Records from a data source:
======

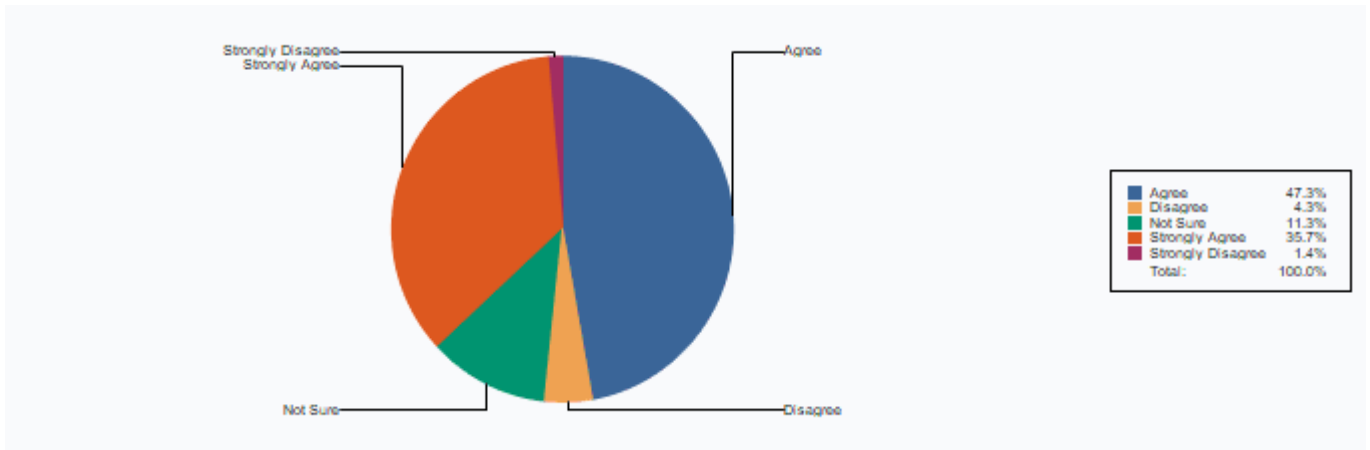

Strongly Disagree	1
Total :	1037

17 Toilets / washrooms are clean and properly maintained

Agree	491
Strongly Disagree	14
Not Sure	117
Strongly Agree	370
Disagree	45
Total :	1037

18 Work of Anti-ragging / women cell is satisfactory

======

◆ AIM OF THE TASK ◆
When you transcribe these entries, keep every word exact and drop the pictures.

◆ REPLY ◆
Strongly Disagree	1
Total :	1037

17 Toilets / washrooms are clean and properly maintained

Agree	491
Strongly Disagree	14
Not Sure	117
Strongly Agree	370
Disagree	45
Total :	1037

18 Work of Anti-ragging / women cell is satisfactory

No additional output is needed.